_EXERCISE PROMPT_
After finding "Tuesday 13:53" in a line below, print that line and the rest of the lines exactly, leaving out all pictures.

※ ※ ※

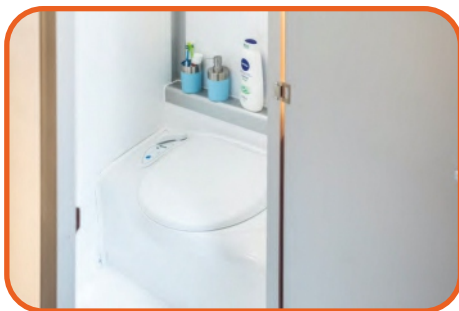

Speedcaravan

...mehr als nur Standard

500

SPEEDCARAVAN

Der neueste multifunktionale Speedcaravan. Die beste Kombination eines Fahrzeugtransporters mit Wohnfunktion. Geräumiger Wohnbereich, voll ausgestattete Küche, großes Bad ist genau das, was Sie während Ihrer Reisen brauchen, und zusätzlicher Raum ermöglicht es Ihnen, Ihr geliebtes Motorrad, Fahrrad oder anderes Fahrzeug zu nehmen.

SPEEDCARAVAN 500

Geräumiger Innenbereich

Kühlschrank

Gaskocher + Spulbecken

Dusche

Toilettenraum Thetford Toilette
und Waschbecken

Etagenbett 200x70cm

Doppelflügeltür
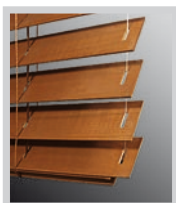

i

Barevná kolekce lamel 25mm nabízí **15 různých odstínů**. Barevná kolekce lamel 50mm nabízí **15 různých odstínů**.

Lamela 25mm

Dřevěná žaluzie 25mm je základním představitelem řady dřevěných žaluzií. Vytahování dřevěné žaluzie se provádí pomocí ovládacího mechanismu provázku s aretací, který umožňuje nastavit výšku stažení lamel. Naklápění lamel je zajištěno dřevěným ovladačem.

Možnosti montáže:

- > Na křídlo
- > Na strop
- > Na zeď

Lamela 50mm Klasik

Dřevěná žaluzie Klasik je osazena lamelou 50mm, je elegantním zástupcem dřevěných žaluzií, evokuje atmosféru dvacátých let Ameriky. Lamely jsou uchyceny v plechovém profilu, který je zakryt designovou dřevěnou garnýží. Vytahování žaluzie se provádí pomocí ovládacího mechanismu provázku s aretací, který umožňuje nastavit výšku stažení lamel. Naklápění lamel je zajištěno provázkem s hruškou a jejich fixace je zajištěna lankem.

Možnosti montáže:

- > Na strop
- > Na zeď

Lamela 50mm Retro

Dřevěná žaluzie 50mm Retro, jedná se o posledního zástupce dřevěných žaluzií, který se skvěle hodí pro stylové interiéry, kde převládá linie Retro klasika. Lamely a ovládací mechanismus jsou uchyceny na dřevěném profilu. Celkové naklápění lamel je ovládáno pomocí provázků s hruškou. Vytahování žaluzie se provádí ovládacím mechanismem provázkem s aretací, který umožňuje nastavit výšku stažení lamel. Odlišností jsou barevné textilní pásy plnící funkci žebříčku. Jsou volně nadefinovatelné a tak dovolí sladit žaluzii s dalšími prvky interiéru.
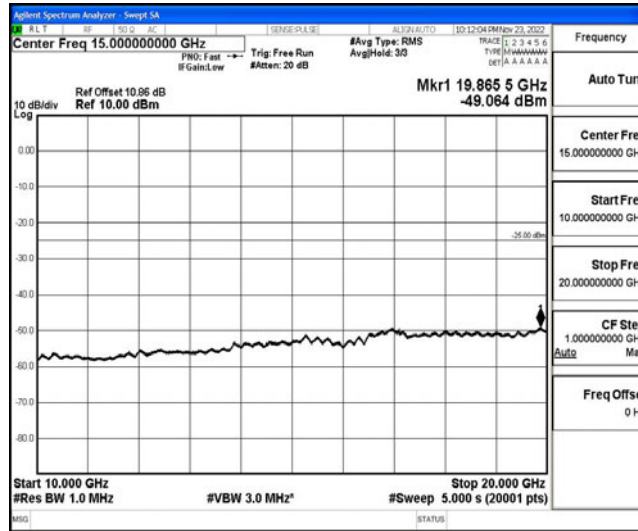

Band7-10MHz-QPSK-20800-1RB#0-Range2:0.15~30MHz

Band7-10MHz-QPSK-20800-1RB#0-Range3:30~100MHz

Band7-10MHz-QPSK-20800-1RB#0-Range4:1000~10000MHz

Band7-10MHz-QPSK-20800-1RB#0-Range5:10000~20000MHz

Band7-10MHz-QPSK-20800-1RB#0-Range6:20000~26500MHz
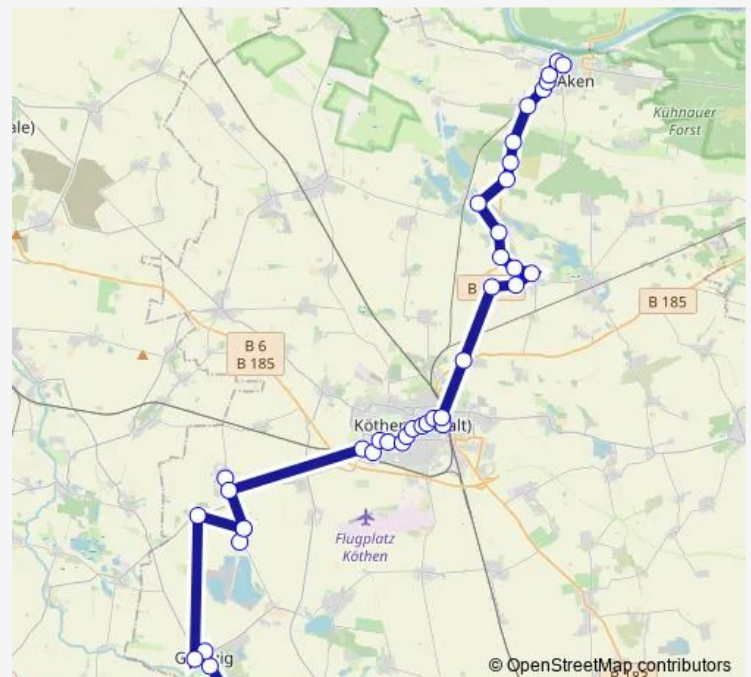

Köthen, Lelitzer Str.

Löbnitz an der Linde (Köthen)

Löbnitz an der Linde (Köthe), Gewerbegebiet

Wörbzig, Ortsmitte

Wörbzig, Gröbziger Str.

Wörbzig, Ortsmitte

Dohndorf, Köthener Str.

Gröbzig, Weintraube

Gröbzig, Mühlbreite

Gröbzig, Hallesche Str.

Gröbzig, Schule

Route schedule

Köthen, Busbahnhof — Gröbzig, Schule

Monday 13:53

Tuesday 13:53

Wednesday 13:53

Thursday 13:53

Friday 13:53

Saturday —

Sunday —

Route info

Direction: Köthen, Busbahnhof

Stops: 21

Trip Duration: 0 hour 41 min

470

BusMaps

Direction

Aken, Markt — Gröbzig, Schule

41 stops

[Open route schedule](#)

Aken, Markt

Aken, Grundschule
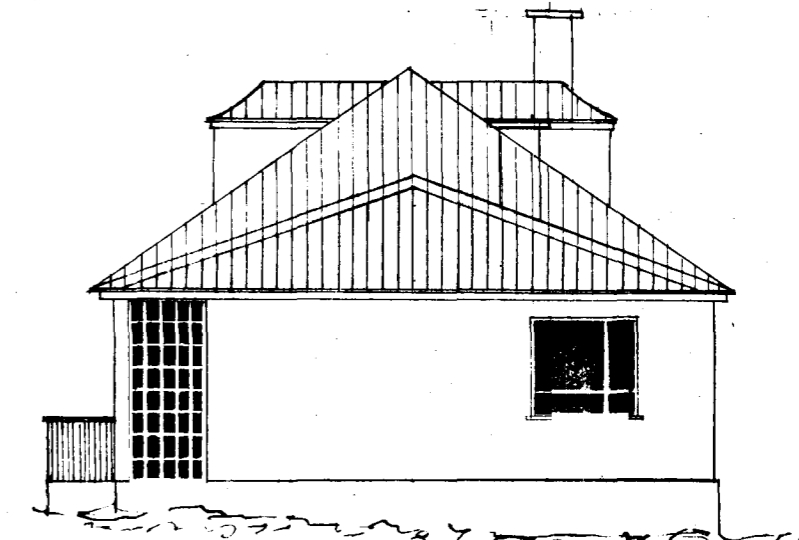

Ibúðarhús nr. 11 við Fögrukinn

80 m²

Eig: Skjaldeinn Lárusson

1:100

Norðvestur

Suðvestur

Suðaustur

Grunnmynd

Breyting

Norðaustur

Sneiðing

※ ※ ※

_TASK RESPONSE_
Tuesday 13:53

Wednesday 13:53

Thursday 13:53

Friday 13:53

Saturday —

Sunday —

Route info

Direction: Köthen, Busbahnhof

Stops: 21

Trip Duration: 0 hour 41 min

470

BusMaps

Direction

Aken, Markt — Gröbzig, Schule

41 stops

[Open route schedule](#)

Aken, Markt

Aken, Grundschule

Ibúðarhús nr. 11 við Fögrukinn

80 m²

Eig: Skjaldeinn Lárusson

1:100

Norðvestur

Suðvestur

Suðaustur

Grunnmynd

Breyting

Norðaustur

Sneiðing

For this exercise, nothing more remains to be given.